When you’re in the consulting space, you’re constantly looking at technology stacks and working to help your clients find the right fit with the right innovation curve. Snowflake quickly became that in the Data Warehousing sphere as it solved so many of the core issues in data consumption. The disruption of the engrained workarounds that organizations had accepted as “normal” was game-changing in the data management space. Many introductions to Snowflake (especially back in 2016) started with incredulity, then later amazement. In those early years, the benefits of moving to Snowflake were compelling even without so many “nice to haves”. For example, Snowflake didn’t have any way of issuing Stored Procedures until 2018, but despite that, it was revolutionizing the corporate data to information pipeline with other more compelling features. Suddenly audiences were getting the information they needed and data volume was a nonissue. Additionally, there was no physical barrier to entry. If you were a small startup, you could get started with an on-demand footprint. This was perfect because you would only pay if your company took off.

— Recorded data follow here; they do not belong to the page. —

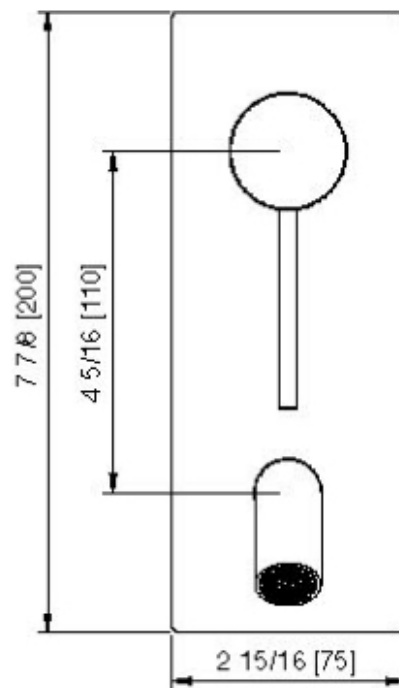

# 13B3\_\_01

Miscelatore monocomando lavabo incasso 220

FINITURE:

INOX SATINATO

RUBINETTERIE  
**tremme**  
*instruments for water*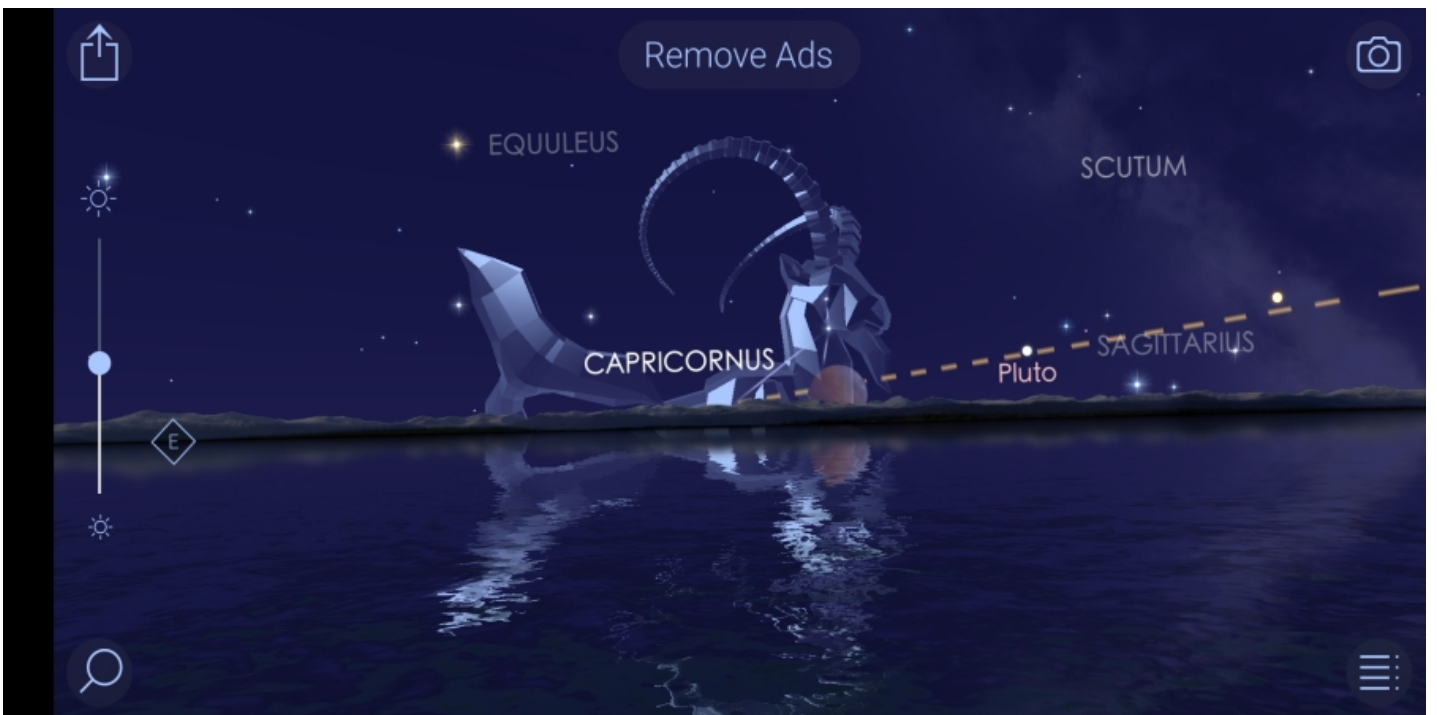

Kohe kuu all tõuseb ka Marss, mis on samuti viimase viieteistkümne aasta suurim. Mobiiliäpiga on näha ka Jupiteri ja Saturni asukoht, mõni äpp näitab ka rahvusvahelise kosmosejaama ISS asukohta.

[Skyview Free](#)

See äpp näitab silmapiiri, mille järgi on jea vaadata, kas kompass ikka on kalibreeritud. Kui silmapiir on viltu ja põhjasuund vale, tee mobiili kindlalt käes hoides õhus kaheksakujulisi liigutusi. Kui ikka ei aita, mine ruumist välja õue, sest lhedalasuvad metallkehad võivad ka mobiili kompassi mõjutada.

Lülitada saab liitreaalsuse (taustapilt tuleb kaamerast) või tähistaevatausta vahel. Keskel olev "märklaud" tuleb sihtida huvipakkuvale taevakehale ja saab teada, millega täpsemalt on tegu.

[Star Walk 2](#)

Kunagi Google Sky mapi nime all välja tulnud rakendus on vabavara, üks esimesi liitreaalsuse äppe üldse ja praegugi väga mugav kasutada. Sisse-välja saab lülitada tähtkujusid, planeete ja galaktikaid.

The differences were so stark that in 2019 when Gartner came out with their evaluation of Snowflake and compared to all the other data warehousing databases, there was a bit of a collective eye roll for those that were in the trenches. This may have prompted some interesting social posts from your humble white paper author...

 

Gartner Snowflake

Gartner was missing the reason why companies invest in Data Warehouses to begin with. However, it was enough to get larger companies to consider Snowflake in competitive bids, even if it was a dark horse. But all Snowflake needed was for prospects to get a peek and the deal was in the bag.

Skunkworks

Their progress and the draw of large crowds to their regular events didn’t go unnoticed by some of the larger players. There were constant rumors swirling around about a [insert vendor name] Skunkworks project to release a “Snowflake killer” right around the corner. This usually became the most common objection to clients moving forward with a project. “Have you heard of [insert vendor name]’s new solution they’re building? I’ve heard that they will bury Snowflake with it.”

As stated in the beginning, the job of a good technology consulting organization is to make sure that the customer is on good footing for the long run. So these Skunkworks projects were very important to stay on top of. However, as the solution previews would release there seemed to always be a Price is Right loser horn playing in the background. The marketing was making these projects seem so exciting, but the new lipstick on the old pig didn’t fool customers. That’s not to say there weren’t decent strides made, but they weren’t “Snowflake killers.” Before you deem this author a Snowflake fanboy, let’s just clarify that unseating Snowflake is doable, but let’s go over 3 things competitors should NOT do.

 

#1 Don’t Repackage Your Technical Debt

Product companies don’t talk about their existing code as “technical debt” but if they’re going to compete head-to-head with real innovations, they’ll need to start from a clean slate. They can’t lure themselves into the Innovator's Dilemma by weighing their modernization down with old code dusted off to do new tricks.

 

Why This is Hard

Building from scratch is expensive, time-consuming, and not necessarily guaranteed to prove successful. There are probably about 30 people in the world that could write a marketable database from scratch (one that could actually be sold). So it's VERY tempting to use code that you’ve already invested in. But therein lies the problem. Most old code was designed for a very different ecosystem of hardware and software than exists in the cloud today. Attempting to completely unwind that code is an effort unto itself, so developers will often socket the code or build surrounding scripts to “cloudify” it.

 

Why You Can’t Beat Snowflake Without It

In Data Warehousing the inefficiency of the database engine’s code is particularly susceptible to exposure. This is because the processing of the code happens in such large volumes. The strategy taken early in the engines development compounds downstream either for better or worse. The more sacrifices you make, the greater your performance loss will be. When Snowflake’s founders created their codebase, it started from a mindset that said, Snowflake Founders“if I could build the ideal engine what would it look like?” Then they built the layers of code from 0 to what it is today.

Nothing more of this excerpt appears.